Measurement of insulin concentration analyzed at a commercial laboratory showed notable hyperinsulinemia (> 1,440 pmol/L [> 201 μU/L]; no reported values for guinea pigs), with concurrent hypoglycemia (0.6 mmol/L [11 mg/dL]) and an elevated insulin-to-glucose ratio (> 2,400 pmol/mmol; no reported values for guinea pigs). Given the considerably elevated insulin concentration in the face of hypoglycemia, a presumptive diagnosis of insulinoma was made.

Approximately 1 week following the initial visit, the guinea pig was reexamined, and an abdominal ultrasonographic examination was performed. The owner reported that the guinea pig was eating well at home but episodically appeared weak, at which point she syringe fed formula as previously instructed, and the animal would improve. Abdominal ultrasonographic examination revealed mild hepatomegaly with no parenchymal changes, a scant amount of peritoneal effusion, a normal-sized pancreas, and no obvious hepatic or pancreatic nodules.

Because of the animal's persistent episodes of weakness and hyperinsulinemia concurrent with hypoglycemia, the guinea pig was prescribed diazoxidee at 4 mg (5 mg/kg [2.3 mg/lb], PO, q 12 h). After 7 days of treatment, the guinea pig was returned to the hospital for blood glucose curve measurement. An intravenous catheter was placed in the lateral saphenous vein to facilitate repeated blood collection; however, the catheter clotted after the first 3 samplings. Thus, serial venipuncture with a 100 U/mL syringe and 33-gauge needle was used to obtain the remaining measurements. The samples were run on a point-of-care glucometerf with samples of whole blood. As the first blood glucose measurement indicated severe hypoglycemia (33 mg/dL), the next diazoxide dosage was doubled from the previously administered 5 mg/kg to 10 mg/kg (4.5 mg/lb), PO, every 12 hours. After a subsequent blood glucose measurement 12 hours later that showed persistent hypoglycemia (42 mg/dL), the next diazoxide dosage was increased again to 15 mg/kg (6.8 mg/lb), PO, every 12 hours. Despite this increase, the guinea pig remained hypoglycemic (46 mg/dL) 7 hours later. Consequently, the dosage of diazoxide was increased to 25 mg/kg (11.4 mg/lb), PO, every 12 hours.

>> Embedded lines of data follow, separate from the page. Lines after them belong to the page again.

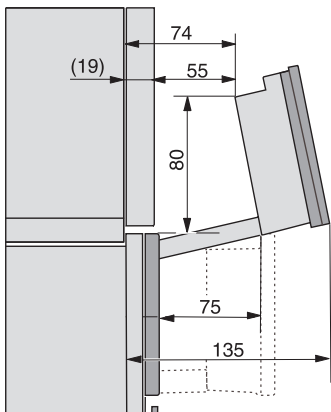

Nichedybde i mm	550
-----------------	-----

Mål (B x H x D) i mm	595 x 596 x 567
----------------------	-----------------

Produktbredde i mm	595
--------------------	-----

Produkt højde i mm	596
--------------------	-----

ESW7x20, DGC7x6xHCPro, DGC7x6xHCXPro installation drawings

ESW7x10, EVS7010, DGC7x6xHCPro, DGC7x6xHCXPro installation drawings

built-in DGC XXL, installation drawing

built-in DGC XXL build-under, installation drawing

screw joint DGC XXL, installation drawing

DGC7x4x Schwenkbereich der Blende, installation drawings

side view DGC XXL, installation drawings
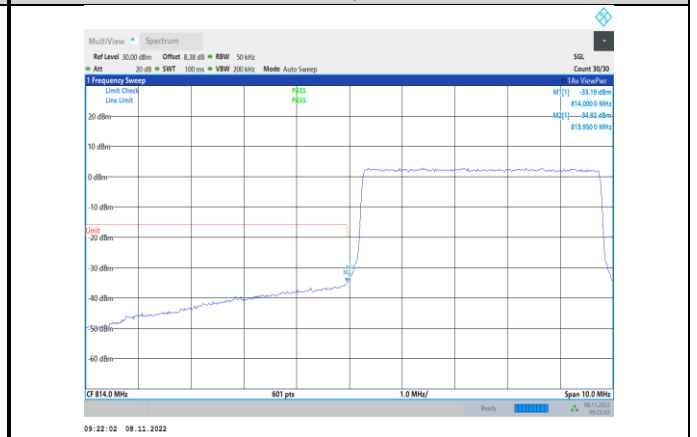

Band26-5MHz-QPSK-26715-1RB#0

Band26-5MHz-QPSK-26765-25RB#0

Band26-5MHz-QPSK-26715-25RB#0

Band26-5MHz-16QAM-26715-1RB#0

Band26-5MHz-QPSK-26765-1RB#24

Band26-5MHz-16QAM-26715-25RB#0

Band26-5MHz-16QAM-26765-1RB#24
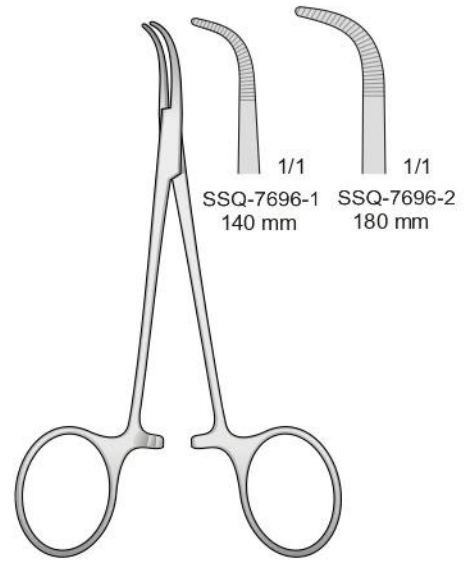

BABY-ADSON
SSQ-7696

Approximately 1 week after increasing the dosage, the owner reported that the guinea pig was doing well. A second blood glucose curve was measured approximately 12 days following the initial curve. This second curve demonstrated that the guinea pig's blood glucose remained within the reference range (reference range, 89 to 287 mg/dL)1 throughout the 12-hour study. The initial blood glucose concentration measured in the morning was 85 mg/dL. The morning dose of diazoxide at 25 mg/kg was administered 3 hours later, at which point the blood glucose concentration was 91 mg/dL. Nine hours after the initial measurement, the blood glucose concentration was 152 mg/dL.

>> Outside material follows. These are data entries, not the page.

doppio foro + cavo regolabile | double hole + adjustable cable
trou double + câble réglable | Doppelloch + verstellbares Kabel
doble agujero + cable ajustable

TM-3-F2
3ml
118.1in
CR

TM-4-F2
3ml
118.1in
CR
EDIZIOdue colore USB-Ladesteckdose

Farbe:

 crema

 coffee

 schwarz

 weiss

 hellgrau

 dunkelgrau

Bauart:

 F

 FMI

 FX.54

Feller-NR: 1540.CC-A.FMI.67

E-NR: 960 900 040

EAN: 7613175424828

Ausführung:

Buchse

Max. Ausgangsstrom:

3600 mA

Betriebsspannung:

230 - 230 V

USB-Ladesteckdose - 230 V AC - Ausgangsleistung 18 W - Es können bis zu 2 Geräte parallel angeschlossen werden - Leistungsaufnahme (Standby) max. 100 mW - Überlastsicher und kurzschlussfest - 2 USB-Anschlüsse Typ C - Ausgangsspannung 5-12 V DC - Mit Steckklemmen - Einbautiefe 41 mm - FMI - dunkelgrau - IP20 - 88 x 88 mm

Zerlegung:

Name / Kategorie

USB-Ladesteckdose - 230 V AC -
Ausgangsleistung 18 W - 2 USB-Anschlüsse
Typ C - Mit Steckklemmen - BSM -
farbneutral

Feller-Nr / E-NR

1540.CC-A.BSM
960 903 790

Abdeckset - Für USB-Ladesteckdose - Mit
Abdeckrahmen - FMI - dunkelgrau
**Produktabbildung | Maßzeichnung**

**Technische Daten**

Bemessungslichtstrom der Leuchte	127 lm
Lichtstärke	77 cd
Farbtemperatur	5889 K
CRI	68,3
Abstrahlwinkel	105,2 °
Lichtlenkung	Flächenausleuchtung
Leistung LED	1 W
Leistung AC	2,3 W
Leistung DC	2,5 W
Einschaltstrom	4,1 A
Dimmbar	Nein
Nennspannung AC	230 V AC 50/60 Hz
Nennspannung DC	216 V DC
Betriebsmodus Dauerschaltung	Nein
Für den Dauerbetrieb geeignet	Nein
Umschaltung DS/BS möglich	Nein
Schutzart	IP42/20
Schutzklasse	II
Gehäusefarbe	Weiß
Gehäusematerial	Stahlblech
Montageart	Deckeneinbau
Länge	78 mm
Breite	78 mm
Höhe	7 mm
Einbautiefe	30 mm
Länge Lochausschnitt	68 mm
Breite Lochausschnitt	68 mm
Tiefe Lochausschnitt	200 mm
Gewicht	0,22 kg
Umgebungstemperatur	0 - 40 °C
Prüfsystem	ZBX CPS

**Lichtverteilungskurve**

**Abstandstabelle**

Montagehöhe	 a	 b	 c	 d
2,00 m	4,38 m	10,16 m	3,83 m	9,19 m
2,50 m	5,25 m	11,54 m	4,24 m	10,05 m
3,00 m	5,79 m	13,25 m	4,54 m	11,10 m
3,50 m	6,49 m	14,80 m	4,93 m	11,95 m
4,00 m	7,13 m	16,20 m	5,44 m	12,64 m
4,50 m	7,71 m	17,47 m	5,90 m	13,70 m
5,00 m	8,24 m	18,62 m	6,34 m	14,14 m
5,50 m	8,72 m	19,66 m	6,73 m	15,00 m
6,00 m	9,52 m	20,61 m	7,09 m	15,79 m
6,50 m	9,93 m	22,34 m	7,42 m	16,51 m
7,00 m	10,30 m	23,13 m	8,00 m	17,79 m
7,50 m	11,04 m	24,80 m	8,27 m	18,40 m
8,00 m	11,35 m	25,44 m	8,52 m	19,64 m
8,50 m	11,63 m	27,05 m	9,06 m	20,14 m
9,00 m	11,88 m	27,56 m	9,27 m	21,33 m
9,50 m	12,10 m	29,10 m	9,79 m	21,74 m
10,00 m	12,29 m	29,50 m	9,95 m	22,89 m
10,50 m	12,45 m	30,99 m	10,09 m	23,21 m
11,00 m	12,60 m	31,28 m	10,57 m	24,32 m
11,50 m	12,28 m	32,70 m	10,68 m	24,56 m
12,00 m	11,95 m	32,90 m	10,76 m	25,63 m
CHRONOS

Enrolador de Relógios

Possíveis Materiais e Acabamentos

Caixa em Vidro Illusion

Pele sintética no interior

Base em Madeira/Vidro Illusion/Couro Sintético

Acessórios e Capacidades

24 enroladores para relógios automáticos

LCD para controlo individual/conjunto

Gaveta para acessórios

The guinea pig thrived for approximately 3 weeks on the higher (25 mg/kg, PO, q 12 h) diazoxide dosage. The animal was then reexamined at the hospital because of abdominal distension and potential constipation. On physical examination, the guinea pig had a moderately distended abdomen and signs of mild discomfort on palpation. There was no stool present in the anus, nor was there evidence of fecal staining in the perineal region. Abdominal radiography revealed notable gas distension of the stomach extending caudally to the sacrum. A board-certified radiologist's review of these radiographs reported considerable gastrointestinal distension with gas, which was interpreted to be more consistent with gastrointestinal stasis, instead of an obstruction. An abdominal ultrasonographic examination was recommended if distension did not resolve with supportive care. The animal was administered 50 mL of lactated Ringer's solution,g SC, and the owner was sent home with instructions to give a lubricant stool softenerh (1 mL, PO, q 12 h).

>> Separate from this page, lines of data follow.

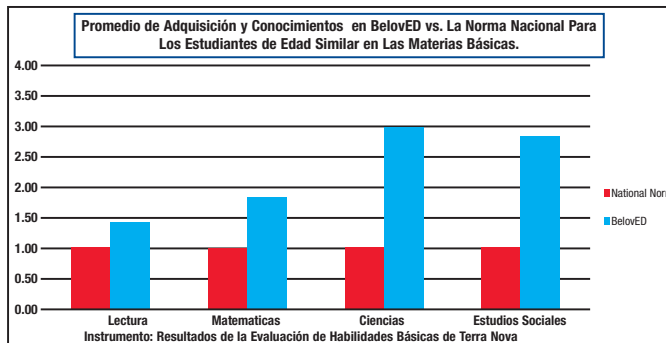

Ciencias, Estudios Sociales y Español a un promedio entre uno y medio a dos veces más del promedio nacional para los niños de esa edad. Este éxito académico no es sorprendente. BelovED es la primera escuela pública en New Jersey que tiene la licencia del Sistema Educativo Sabis. Sabis es un programa educativo en el cual los niños obtienen más éxito que otros estudiantes en el mismo grado. Para dar un ejemplo, en la escuela Sabis en Springfield, MA, niños del área urbana como nuestros niños de Jersey City, están superando no sólo a sus compañeros en esa comunidad, sino también a los estudiantes en los suburbios más adinerados de Massachusetts (el estado que tiene el nivel más alto de rendimiento académico en las escuelas públicas de los Estados Unidos).

LOS MEJORES PROFESORES

BelovED ha reclutado con éxito a maestros con experiencia y de alto rendimiento quienes están entusiasmados con la manera en que se combina un ambiente escolar acogedor con una educación de alto nivel académico. Lea sobre los miembros de la facultad docente en www.belovedccs.org.

ESTUDIANTES CON ÉXITO

Al igual que McNair Academic High School, los estudiantes de BelovED, son económicamente y étnicamente diversos. Pero los estudiantes no necesitan altas calificaciones para ser admitidos. BelovED acepta a todos los estudiantes independientemente de la capacidad intelectual, rendimiento y aptitud, o condición como una persona con discapacidad. Los estudiantes se convierten en una familia y logran obtener el éxito.
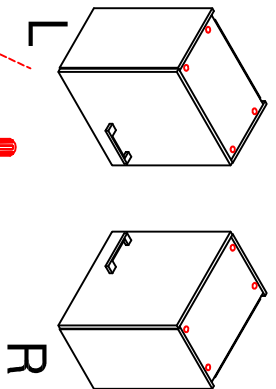

HU 60 Blocktype

Varianto

Montageanleitung / Notice de montage / Assembly instruction

H 30 / H 40 / H 50 / H 60 / KH 60-32 / HG 50 / HGH 50 / H 50-89 / H 60-89

Variante Montageanleitung / Notice de montage / Assembly instruction

2x	2x	4x
8x	8x	12x

4x	12x	2x	1x	4x
				3,5x15

8x	2x	2x
		Ø8mm

SPU 50 Variante Blocktype

Montageanleitung / Notice de montage / Assembly instruction

US 50 B / 60 B Variante (Blocktype)

Montageanleitung / Notice de montage / Assembly instruction
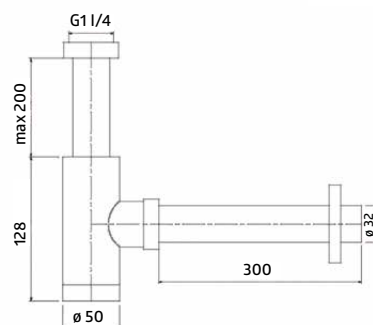

Sifón telescópico cilíndrico
1" 1/4 latón

Ref: 202004

27,00 €

The following morning, the guinea pig was found dead by the owners at home. The guinea pig had not passed stool overnight, and its abdomen remained distended. Necropsy showed a moderate amount of serous abdominal effusion. The liver was diffusely tan, firm, and mildly thickened. The stomach, cecum, and sacculated region of colon all were distended with gas, and the colon and cecum both contained a large amount of watery stool. Intestinal loops were adhered to each other and to the pancreas, just caudal to the liver in the region of the caudal vena cava. A large, approximately 1 × 1-cm purple mass was present in the pancreas adjacent to the adhesions. The lungs contained large multifocal irregular pale yellow regions. There was a small amount of serous pericardial effusion.

Representative tissue samples of coelomic organs were collected and placed in neutral-buffered 10% formalin solution prior to being processed routinely. Paraffin-embedded tissues were sectioned at approximately 5 μm, mounted on glass slides, and stained with H&E. These included pancreas, spleen, kidney, liver, intestines, stomach, heart, trachea, thyroid gland, esophagus, lung, cerebrum, and cerebellum. Histologic evaluation identified a pancreatic islet cell tumor characterized as an encapsulated expansile mass composed of cords and nests of polygonal cells with abundant cytoplasmic vacuolization and variably distinct cytoplasmic borders (Figure 1). The pale basophilic cytoplasm was expanded with multiple coalescing clear vacuoles. The cell nuclei were oval with a vesicular chromatin pattern and 1 to 2 indistinct basophilic nucleoli (Figure 2). The mitotic index was rare at < 1/10 hpf. These cells were supported on a severely congested fine fibrovascular connective tissue. The tumor compressed adjacent lobules of pancreatic acinar cells. The liver was supporting diffuse cytoplasmic vacuolization of coalescing clear vacuoles. No lesions were noted affecting the other tissues. The findings were consistent with an islet cell tumor (insulinoma) and vacuolar hepatopathy, the latter of which was deemed consistent with abnormalities of glucose metabolism.

Figure 1—
Figure 1—

Histologic appearance of an insulinoma in a 5-year-old sexually intact male guinea pig (Cavia porcellus). The animal was treated with diazoxide (5 to 25 mg/kg [2.3 to 11.4 mg/lb], PO, q 12 h) for a presumptive diagnosis of insulinoma, with initial signs of response to treatment including euglycemic control, but died approximately 3 weeks later. The arrow indicates a lobule of exocrine pancreas, and the asterisk indicates connective tissue capsule of the tumor. H&E stain; bar = 0.1 mm.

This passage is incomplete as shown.